As for me, for the past two or three weeks I've had the chance to interact with our fans quite a bit. When approached, the first thing someone says is, "I'm sorry." My response is always, "don't be because I'm not." At that point I think some of you are taken aback for a second because of my response. I assume you expect me to drop my shoulders, tear up and just break down because the game of basketball is temporarily taken from me...or not. Either way, that's the old me. Well, not the old me, maybe just a wiser, more aware me...I now understand and will enjoy the process (that's for my Trudi Lacy or Trixie as she's called...she's such an inspiration).
Rehab is going. There isn't much I can do right now. The only exercise I'm allowed to do is move my toes. I have to have my left foot mimic my right foot by the time I go back to Duke for my next appointment on June 2nd (hopefully I get a walking boot, yay!). Its funny, because just today I was sitting here calculating how long its been since I last worked out. Its been 49 freaking days!! Crystal Langhorne always tell me "don't get fat (haha)." I just look at her and say you just bring in that 20 and 20 every night. Seriously though, 49 days! April 5th was my last day of training. April 12th was the day I found out that I had to have surgery. April 20th was the day of surgery. That equals 49 days for all you that didn't excel at math in first grade:-). Oh, did I mention 49 days?
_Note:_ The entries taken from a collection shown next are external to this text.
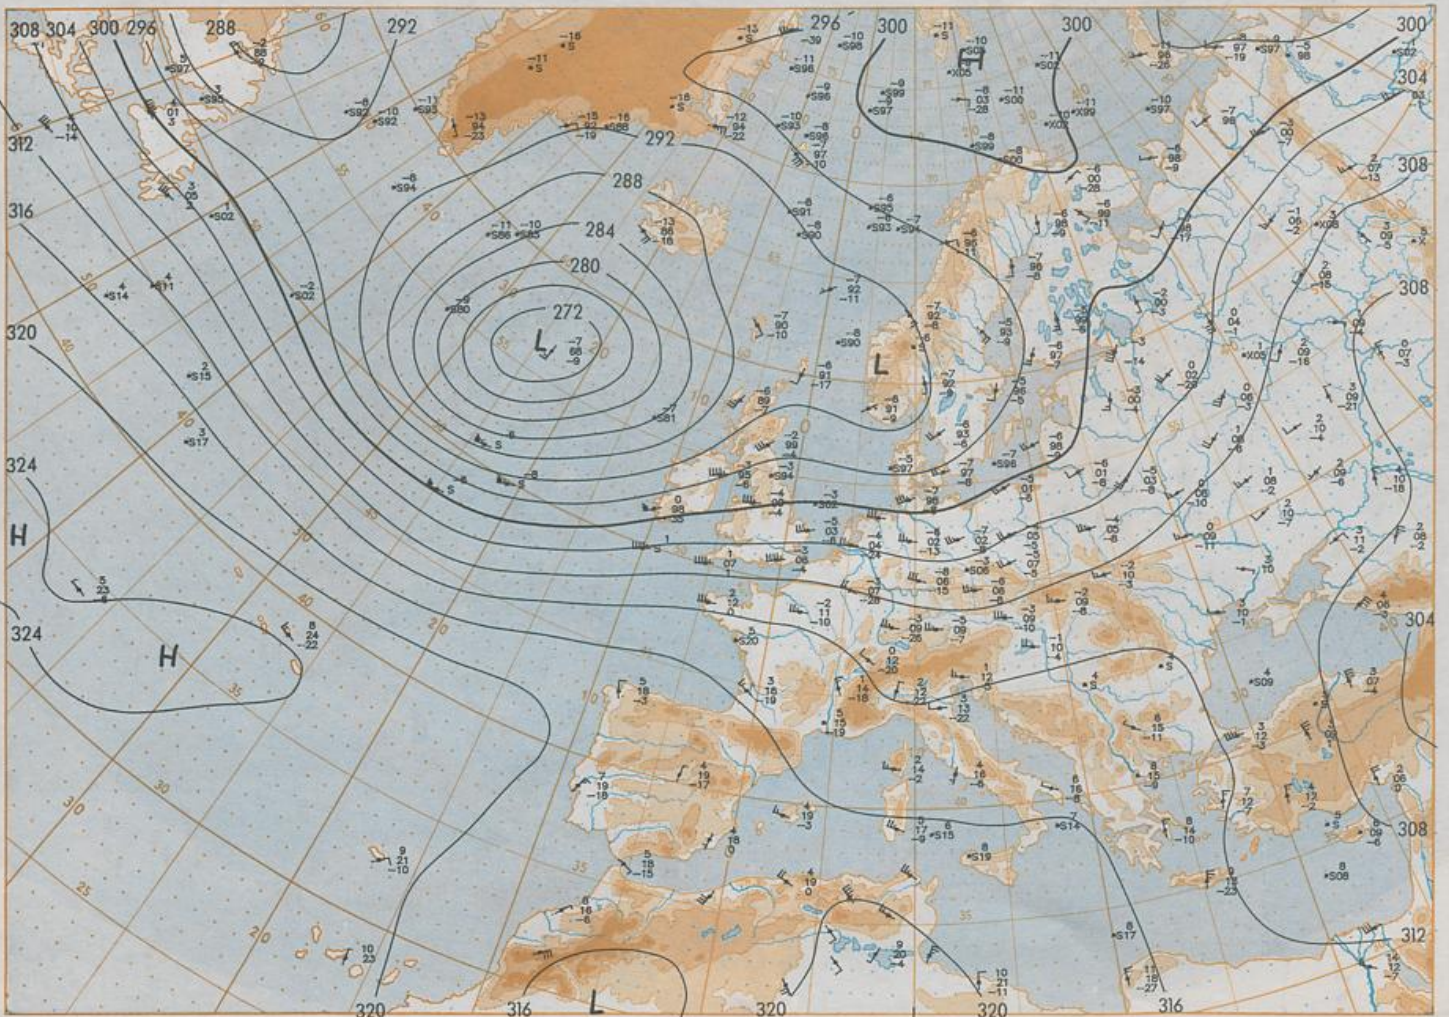

BODEN:  
91-06-11 00 UTC  
DEUTSCHER WETTERDIENST

Stereogr. proj. 1:30 000 000 60°N

Surface chart 00 UTC

Surface chart 12 UTC

Stereogr. proj. 1:60 000 000 60°N

500 hPa 12 UTC

Stereogr. proj. 1:60 000 000 60°N

200 hPa 12 UTC

Stereogr. proj. 1:60'000'000 60°N

100 hPa 12 UTC

11.06.1991

Stereogr. proj. 1:30 000 000 in 60°N

850 hPa 12 UTC

700 hPa 12 UTC

Stereogr.proj. 1:30 000 000 in 60°N

500/1000 hPa 12 UTC

300 hPa 12 UTC

Aerological  
Diagrams  
12 UTC

- |                 |                 |                  |                               |                   |                          |
|-----------------|-----------------|------------------|-------------------------------|-------------------|--------------------------|
| 01241 Orland    | 03774 Crawley   | 07145 Trappes    | 09393 Lindenberg              | 11035 Wien        | 16242 Roma               |
| 01384 Oslo      | 03808 Camborne  | 07481 Lyon       | 09548 Meiningen               | 11520 Praha-Libus | 16320 Brindisi           |
| 01415 Stavanger | 03920 Long Kesh | 07510 Bordeaux   | 10035 Schleswig               | 12374 Legionowo   | 16716 Athen              |
| 02465 Stockholm | 06181 Kobenhavn | 07645 Nimes      | 10338 Hannover                | 12843 Budapest    | 17062 Istanbul           |
| 02527 Goteborg  | 06260 De Bilt   | 08001 La Coruña  | 10410 Essen                   | 13275 Beograd     | 40179 Bet Dagan / Israel |
| 03005 Lerwick   | 06447 Uccle     | 08221 Madrid     | 10739 Stuttgart               | 15420 Bukarest    |                          |
| 03170 Shanwell  | 06610 Payerne   | 08495 Gibraltar  | 10868 München-Oberschleißheim | 16044 Udine       | C7L Ship "L"             |
| 03496 Hemsby    | 07110 Brest     | 09184 Greifswald |                               | 16080 Milano      |                          |
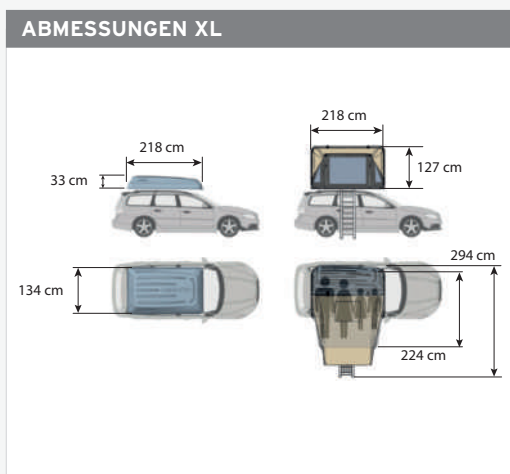

TECHNISCHE DATEN	XL	L
Abmessungen und Kapazität		
Anzahl Schlafplätze	4	2
Abmessungen geschlossen (LxBxH)	218 x 134 x 33 cm	218 x 134 x 33 cm
Abmessungen geöffnet (LxBxH)	218 x 224 x 127 cm	218 x 134 x 127 cm
Innenabmessungen (LxBxH)	207 x 220 x 110 cm	207 x 130 x 110 cm
Öffnen und schließen in 60 Sekunden	✓	✓

Matratze		
Matratzengröße (LxB)	210 x 205 cm	210 x 135 cm
Material	doppellagige Kaltschaummatratze	doppellagige Kaltschaummatratze
Anti-Kondensationsmatte	50 mm	50 mm
Dicke	10 mm	10 mm

Zeit		
Bauweise	Doppellagiges Baumwollzelt	Doppellagiges Baumwollzelt
Stoff (beide Lagen)	100% Baumwolle, leicht, atmungsaktiv, 230 g	100% Baumwolle, leicht, atmungsaktiv, 230 g
Farbe	Sand Beige (äußere Schicht) Charcoal Grey (innere Schicht)	Sand Beige (äußere Schicht) Charcoal Grey (innere Schicht)
Innenrahmen	Aluminium	Aluminium
Reißverschlüsse	strapazierfähiges YKK	strapazierfähiges YKK
Widerstand der Wassersäule	> 35 cm	> 35 cm
Panoramadachfenster mit Verdunkelungsrollos	✓	✓
Öffnungen mit feinmaschigem Moskitonetz	✓	✓
Integrierte LED-Innenbeleuchtung mit USB-C	✓	✓
Zusammenfaltbar mit Kissen und Decken	✓	✓
Maximaler Luftwiderstand	7 Bft / 28-33 kts	7 Bft / 28-33 kts
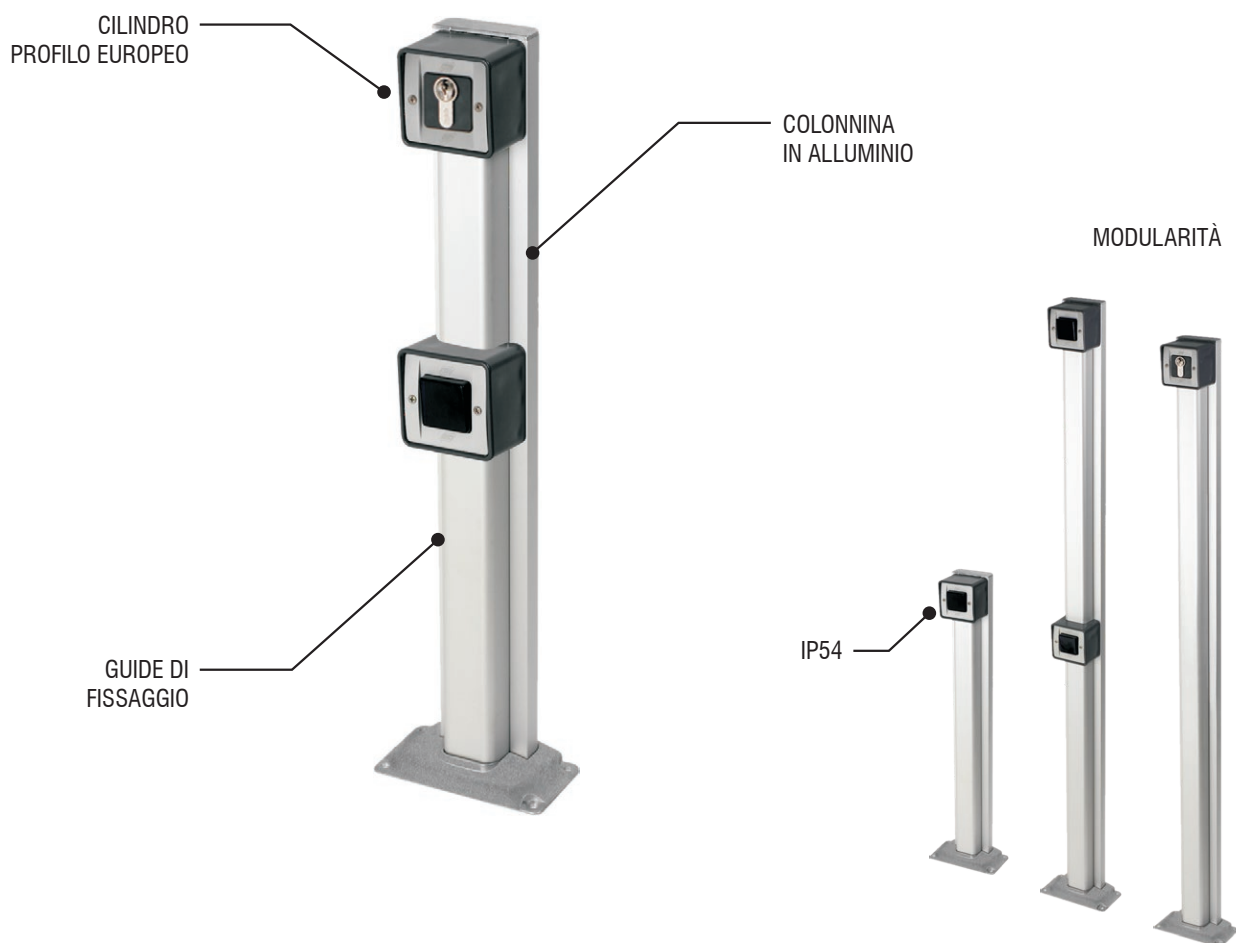

ACCESSORI.

GIBIDI
CREATIVE AUTOMATIONS

DG

La linea accessori GIBIDI, colonnine, fotocellule e selettori, da incasso e da parete.

Una linea adattabile ad ogni esigenza installativa, che racchiude tecnologia e praticità di installazione.

Un sistema modulare che consente una facile messa in opera e manutenzione.

Un'ulteriore soluzione per completare il vostro ingresso automatico.

GIBIDI
CREATIVE AUTOMATIONS

G.I.B.I.D.I. S.r.l.
Via Abetone Brennero, 177/B
46025 Poggio Rusco (MN) - ITALY
Tel. +39.0386.52.20.11
Fax +39.0386.52.20.31
info@gibidi.com
www.gibidi.com
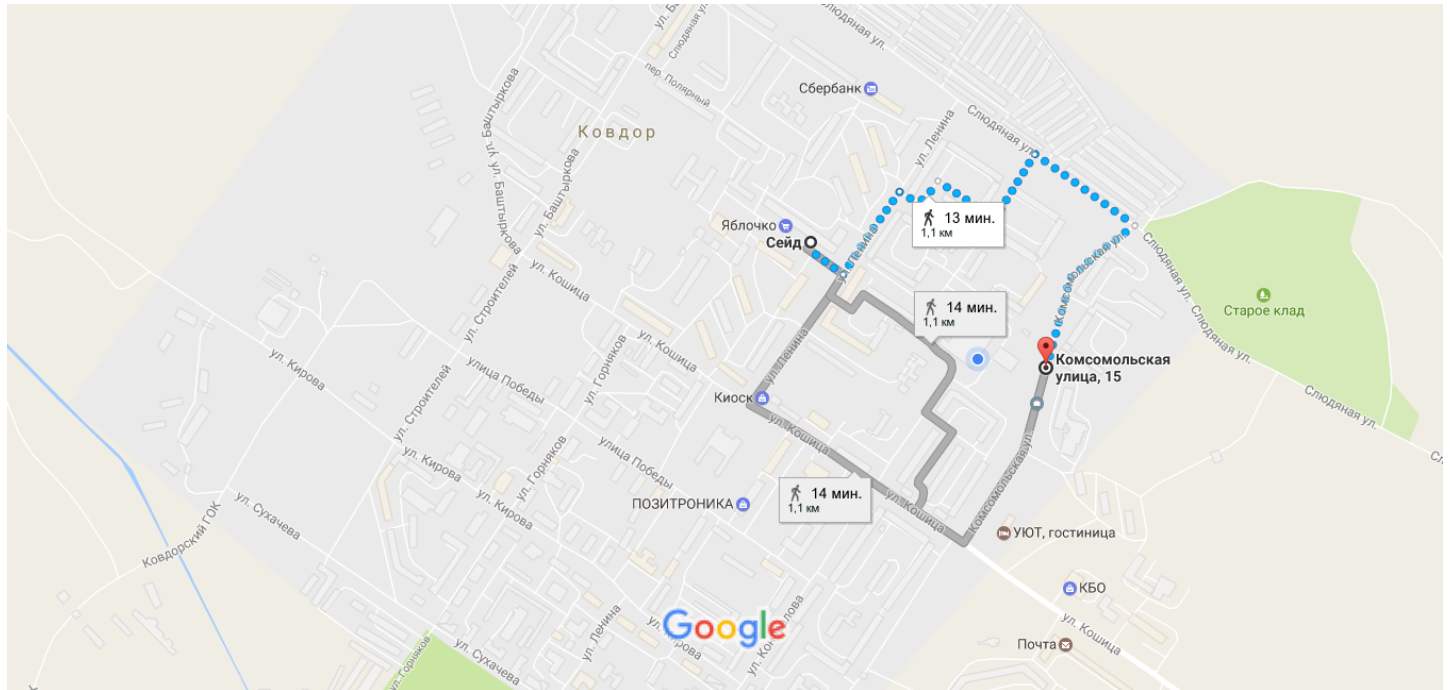

откуда: Сейд; куда: Комсомольская ул., 15, Ковдор,  
Мурманская обл.

Пешком 1,1 км, 13 мин.

Картографические данные © Google, 2017

200 м

через ул. Комсомольская

13 мин.

1,1 км

через ул. Кошица и ул. Комсомольская

14 мин.

1,1 км

через ул. Чехова, ул. Кошица и ул. Комсомольская

14 мин.

1,1 км
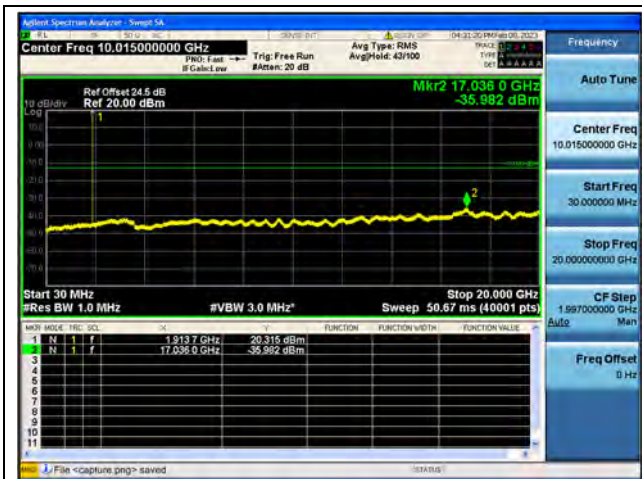

Band25 / 1.4MHz / High CH / QPSK
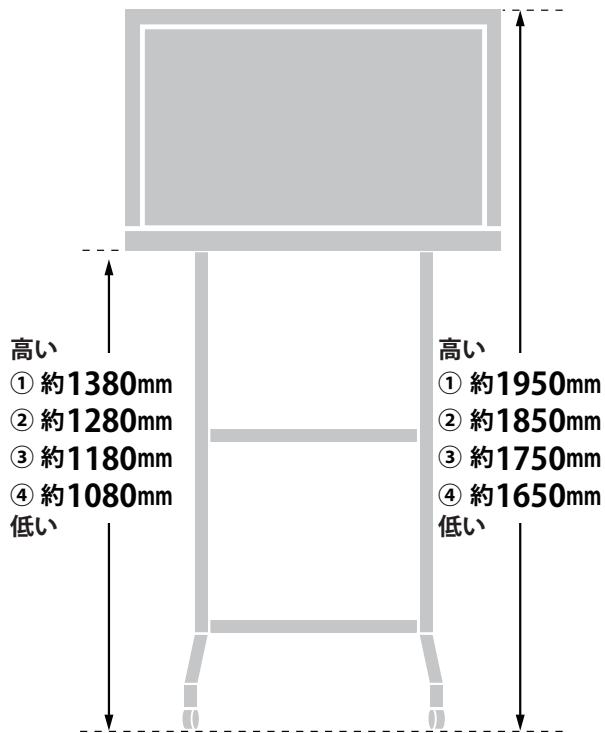

テレビスタンドにかけた時の高さ

TVL

[テレビスタンド2 ハイタイプ] 4段階
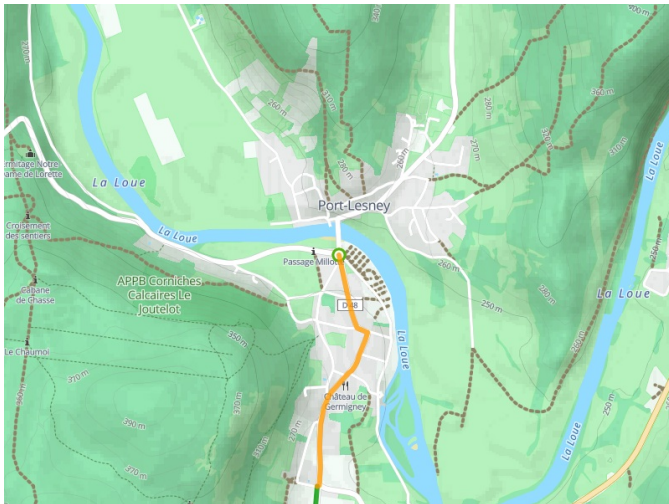

Port-Lesney / Poligny

Tour du Jura Vélo - Loisirs

Départ
Port-Lesney

Arrivée
Poligny

Durée
2 h 09 min

Distance
32,30 Km

Niveau
Mittel / Gute
Grundkondition

Thématique
Mitten in den Weingärten

- Voie cyclable
- Liaisons
- Route partagée
- - - Alternatives
- Parcours VTT
- Parcours provisoire

Départ
Port-Lesney

Arrivée
Poligny
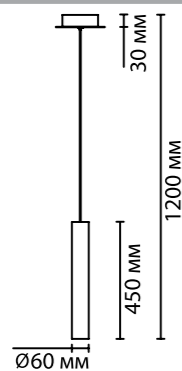

5062

арматура металл
покрытие черный, золотой, серебристый, белый (отдельная база)
плафон стекло, дымчатый, янтарный, черный
ламп в комплекте есть, LED, 3000K

5061/5L, 5061/5LA, 5061/5LB

1 x LED x 5W, 476 lm, 469 lm, 496 lm
крепёж: планка
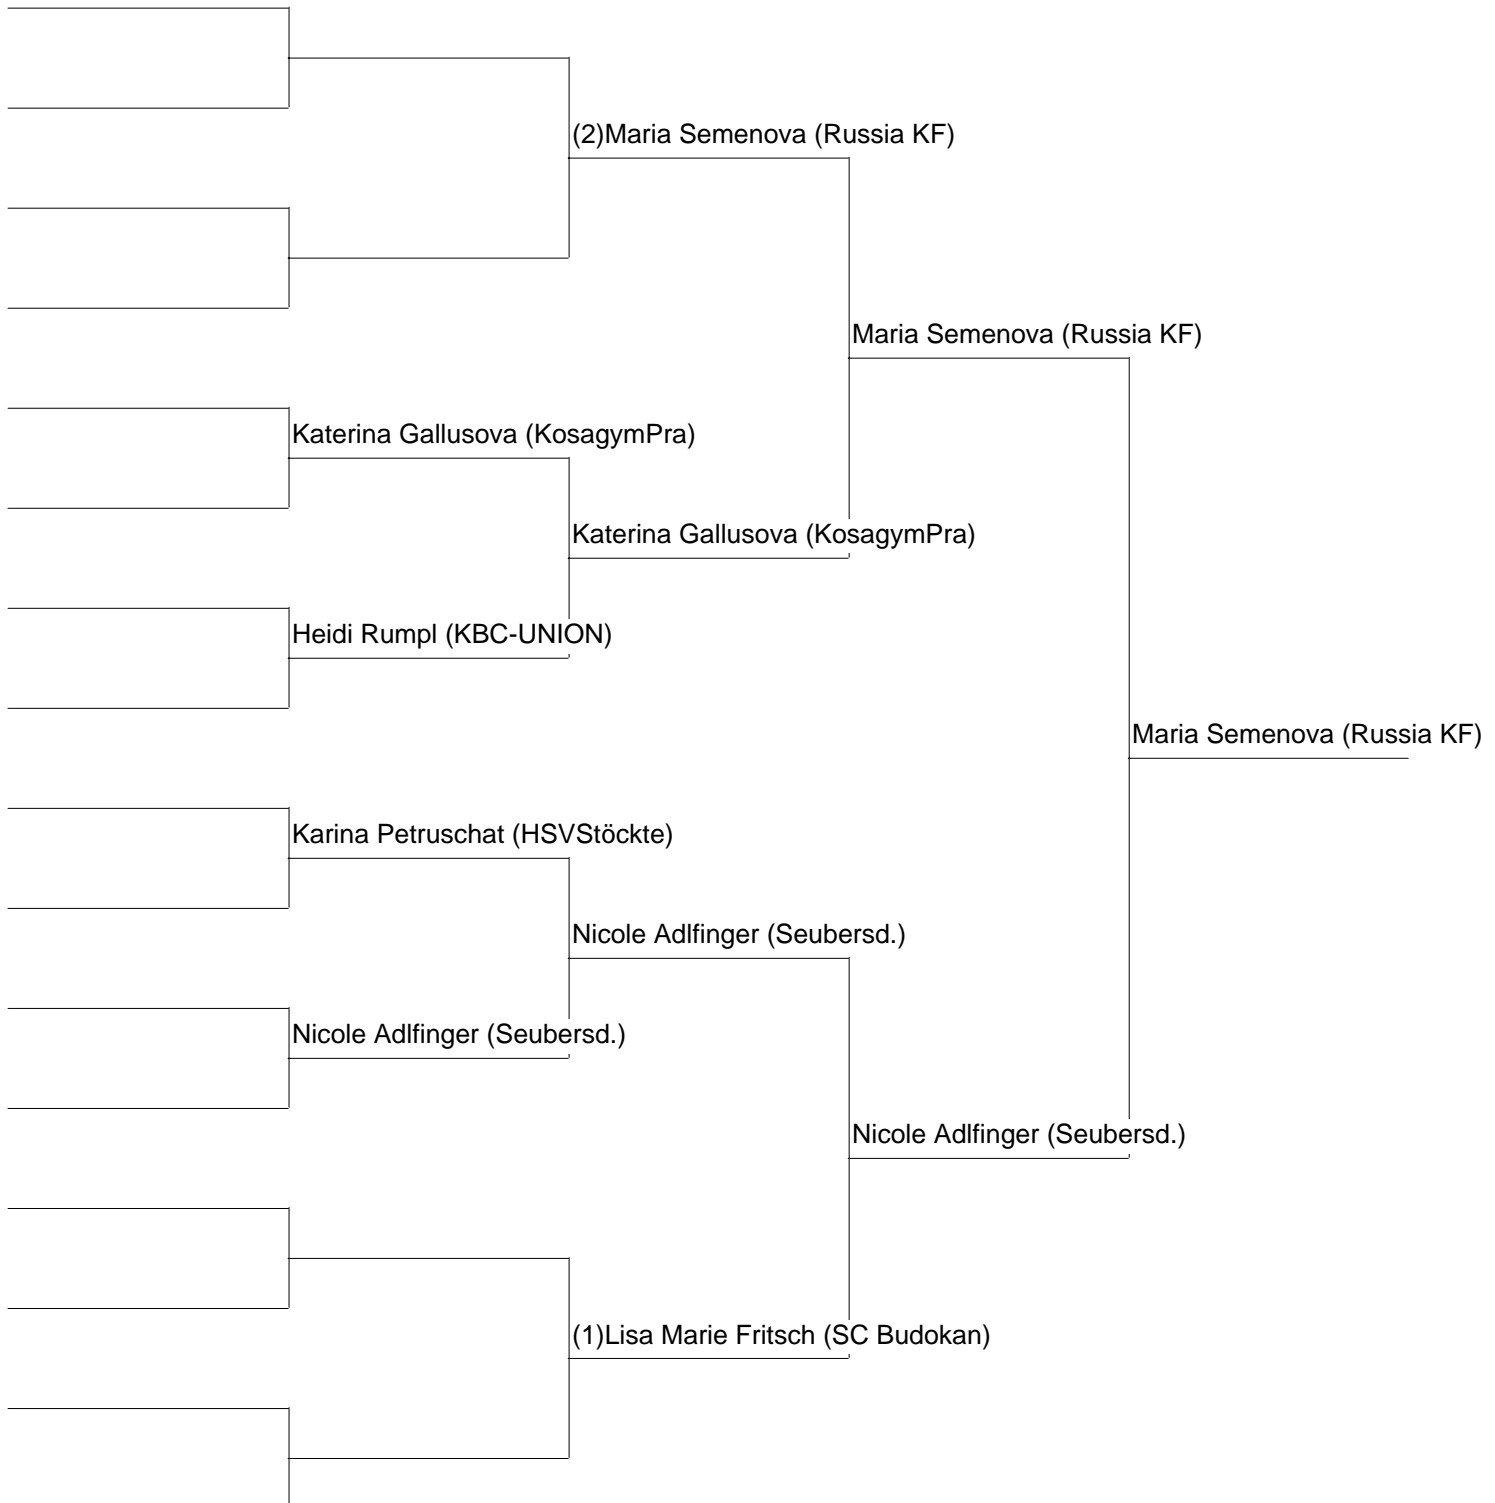

Damen PF +70 Kg

German Open 2013
Ebern
16.03.2013

Before I leave, I want to thank all of for the well wishes and all the birthday wishes. You all are freaking amazing. You honestly care and I truly appreciate it.
Hope to see ya'll ALL summer. In order for that to be possible you gotta get those season tickets. You don't want to REALLY see me cry do you? 49 days yall...lol.
Hey Mystic fans! I hope all is well and that you are getting just as excited as I am about the season. I know you all have heard the news about my surgery and I can't be more disappointed. Disappointed because my main reason for staying home instead of playing overseas was to make sure everything was right. After Christmas my body was feeling great, I was getting great workouts in with Coach Plank, Riss, and some practice guys (shout out to Tye and Clint), then it happened. I sprained my ankle yet again in March and that did it. But that's life! I accept every situation and challenge that is thrown my way with open arms. "A setback is only a setup for a comeback," right?
When I first heard the news, the one thought that came to mind was my teammates, then Tamika Catchings. I said to myself, if Tamika came back from and an Achilles rupture then I can come back from this. My injury is considered a grade (by 1%) below an Achilles rupture. My tendon was torn and did not rupture, but because they had to touch the actual tendon its makes the recovery process the same length as a rupture.
I thought about my teammates, simply because they are my heart. Everything I do, I do with my teammates in mind, winning for them and not letting them down. This is going to be an exciting year and I can feel it. Its going to be the year where Monique Currie will show you what she's been showing us (her teammates and coaches in practice) all along. Marissa Coleman is healthy and will be that player that so many of you expected her to be last year, but even better! She's looked awesome during work outs and our pre season game against New York. Matee Ajavon, will get a chance to show you that she's that player. She will get that chance to be what she's destined to be. Katie Smith will be the Olympian that she is, Linds will be as solid as ever and of course the posts are going to hold their own! So, you see, I take everything that you and others may consider a negative and turn it into a positive right away.
As for me, I am doing great. Mentally I'm smiling every single day and have an understanding that things happen for a reason. Physically, well, I¡¦ve had a few tough nights getting through the pain, but what are those nice white "candies" for. I hate the way they make me feel, yet I love how the pain goes away whoop whoop, lol.